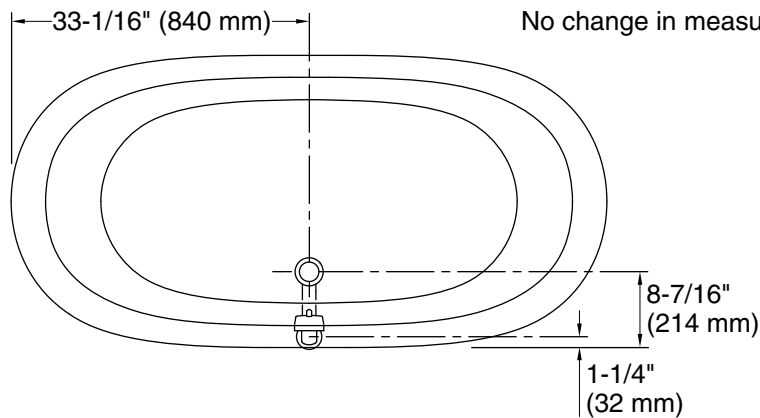

	0	White
---	---	-------

Technical Information

All product dimensions are nominal.

Drain location:	Center
Basin area, bottom:	48-15/16" x 24-3/4" (1243 mm x 629 mm)
Basin area, top:	58-11/16" x 27-13/16" (1491 mm x 706 mm)
Weight:	396.2 lbs (179.7 kg)
Minimum floor load:	90 lbs/ft ² (439.4 kg/m ²)
Water depth:	14-3/8" (366 mm)
Water capacity:	69 gal (261.2 L)
Template:	Footprint, 1344921-7, required, not included
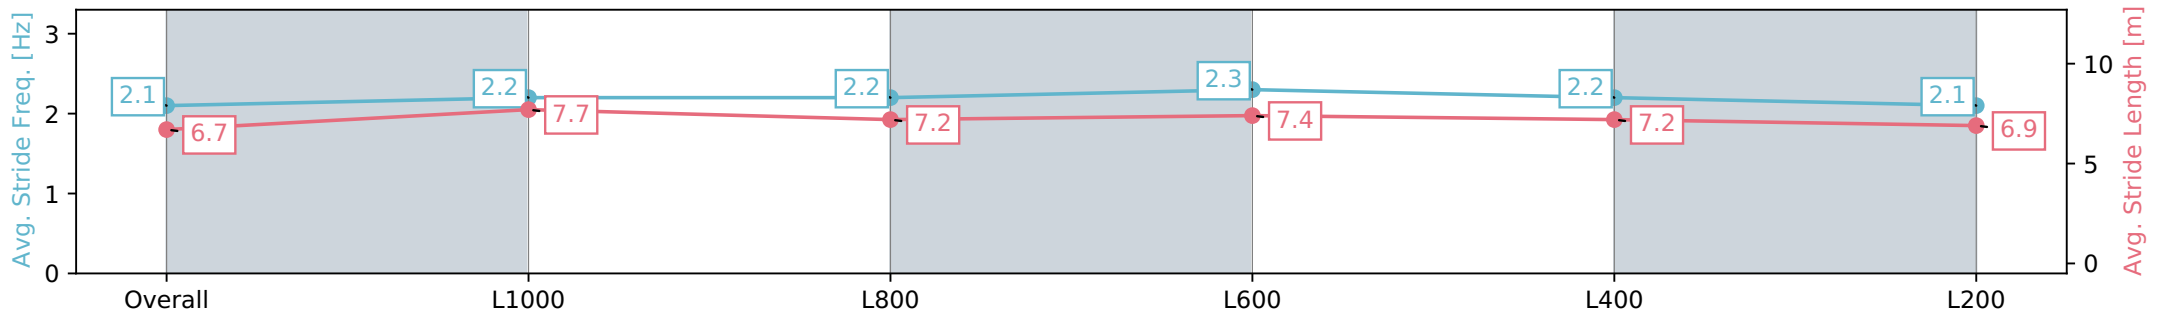

Horse/Jockey Name	RUBINI/Dom Tourneur
Finish Rank	9
Fastest Section Time (Section)	0:11.65 (L800)
Top Speed [km/h] (Section)	65.7 (Overall)
Race State	Finished

Morphettville Parks SA - Professional
Race 7: Happy 18th Cooper Barlow Handicap - 1250m
29 June 2024 - 3:13PM
Track Rating: Heavy 9, Weather: Overcast, Rail Position: +9m
1000m-W/Post, +6m Remainder. Sectional 612m

Section	Overall	L1000	L800	L600	L400	L200
Section Times	1:20.35 [9] (0:17.57)	1:02.77 [5] (0:11.65)	0:51.12 [6] (0:12.47)	0:38.65 [6] (0:12.30)	0:26.35 [6] (0:12.61)	0:13.74 [9] (0:13.74)
Average Speed [km/h]	51.2	62.4	58.1	60.0	57.8	52.4
Top Speed [km/h]	65.7	65.6	60.6	60.7	59.7	56.4
Avg. Dist. to Rail [m]	3.6	2.1	3.4	4.3	6.6	9.7
Avg. Stride Freq. [Hz]	2.1	2.2	2.2	2.3	2.2	2.1
Avg. Stride Length [m]	6.7	7.7	7.2	7.4	7.2	6.9

- [ ] Ranking at each section and finish
- -:-:- No data available at this section
- NA No data available
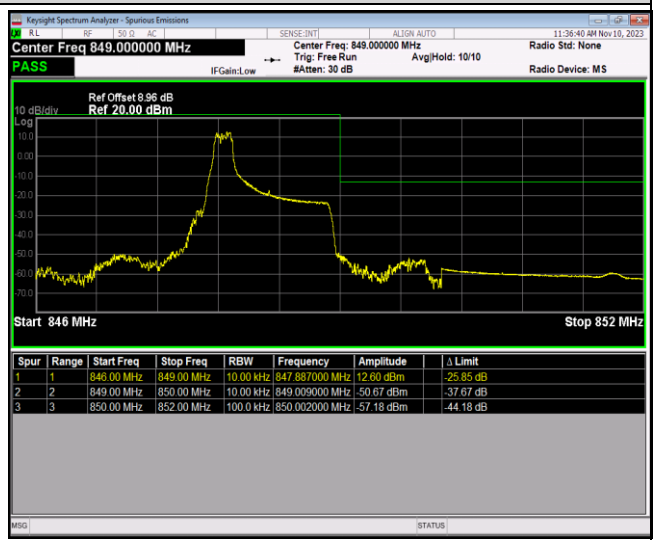

Band5-1.4MHz-QPSK-20643-1RB#0

Band5-1.4MHz-QPSK-20643-6RB#0
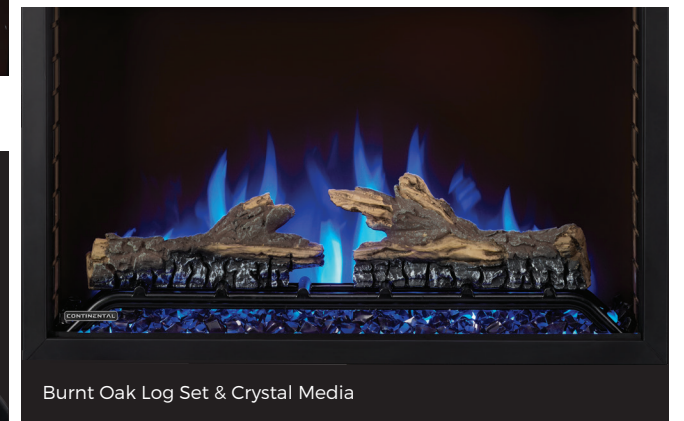

CONTINENTAL

CEFB30H

Log Set and Crystal Media Included

Further enhance the sparkle of the black crystal cubes with natural looking burnt oak logs

ECO Mode

Heater at half heat - consuming half the energy

BOOST Mode

Heater at maximum heat with increased blower speed

FEATURES

- 424 sq. in. viewing area
- 120 V / 1,500 Watts
- Heats up to 400 sq. ft.
- Designed with a clean, contemporary finish
- Self-trimming flange for clean built-in appearance
- Orange, blue and combined multi-color flame options
- 7 ember bed color options
- Adjustable flame speed and brightness
- Optional 3pc. and 4pc. trims available
- Touch screen control panel
- Plug in or Hardwire

PARTS & ACCESSORIES

Orange, Blue or Combination Flame Color Options

7 Ember Bed color options

Control Panel

Remote Control

Burnt Oak Log Set & Crystal Media

Parts & Accessories
Remote Control, Control Panel, 7 Ember Bed Color Options, Burnt Oak Log Set and Crystal Media

------------------------------------

* [How to complete this task] Only the number should be given: the count of lines above that hold the word "with".

* [Response for this exercise] 3